Data records

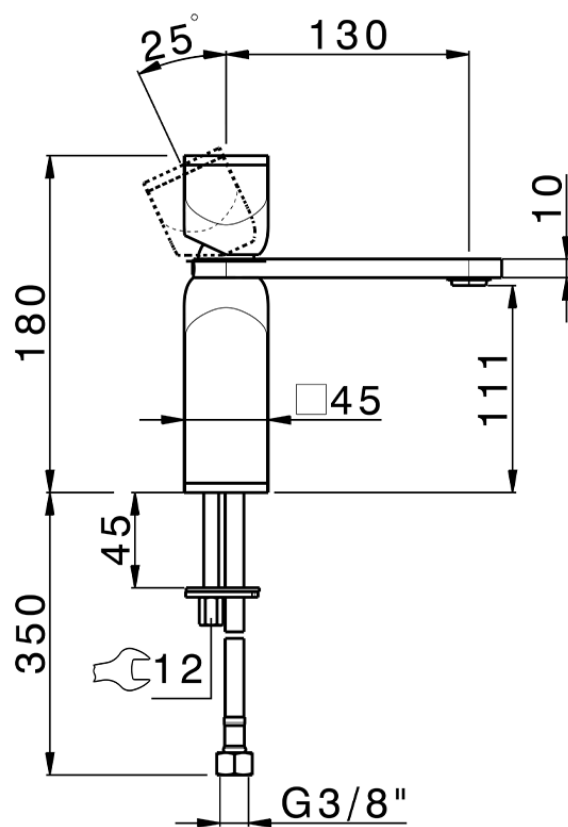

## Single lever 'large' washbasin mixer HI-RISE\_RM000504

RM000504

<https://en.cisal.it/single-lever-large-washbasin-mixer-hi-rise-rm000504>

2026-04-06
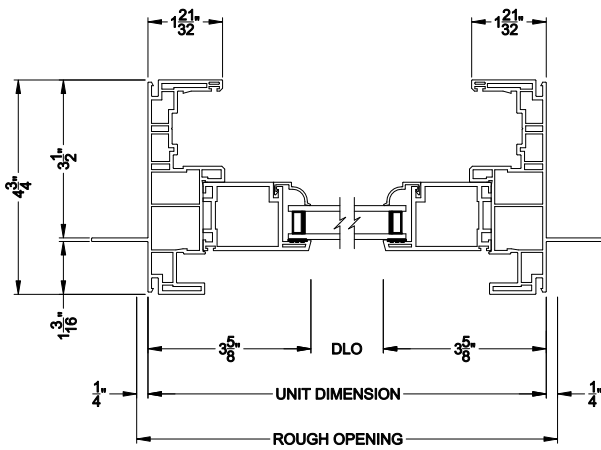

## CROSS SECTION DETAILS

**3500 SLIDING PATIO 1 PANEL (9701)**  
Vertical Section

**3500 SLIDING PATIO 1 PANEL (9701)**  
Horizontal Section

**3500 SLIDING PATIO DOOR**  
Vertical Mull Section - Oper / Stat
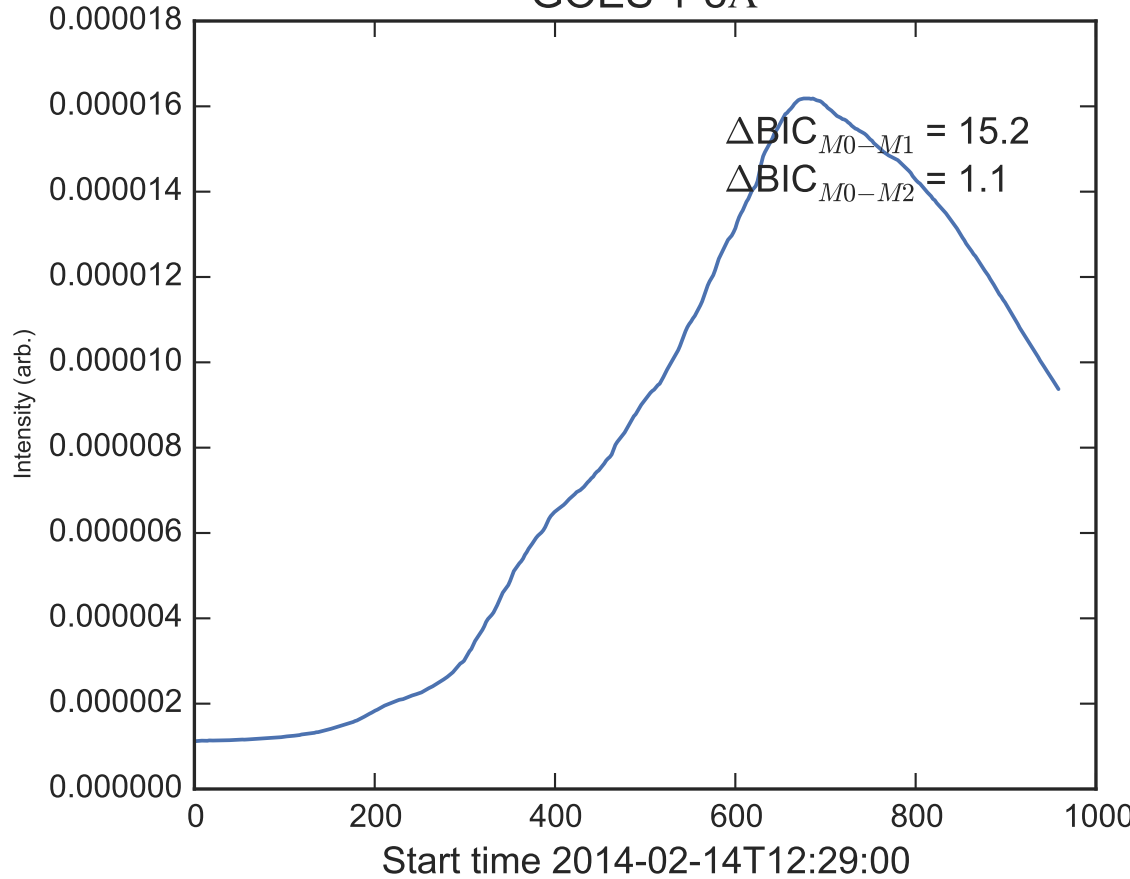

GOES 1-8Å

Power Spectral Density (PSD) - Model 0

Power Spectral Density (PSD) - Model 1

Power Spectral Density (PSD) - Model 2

| What you should do |
Take the line that contains "SLIDING PATIO DOOR**" and every line after it to the end of the records above; quote them exactly, leaving out the pictures.

| Result below |
**3500 SLIDING PATIO DOOR**  
Vertical Mull Section - Oper / Stat

GOES 1-8Å

Power Spectral Density (PSD) - Model 0

Power Spectral Density (PSD) - Model 1

Power Spectral Density (PSD) - Model 2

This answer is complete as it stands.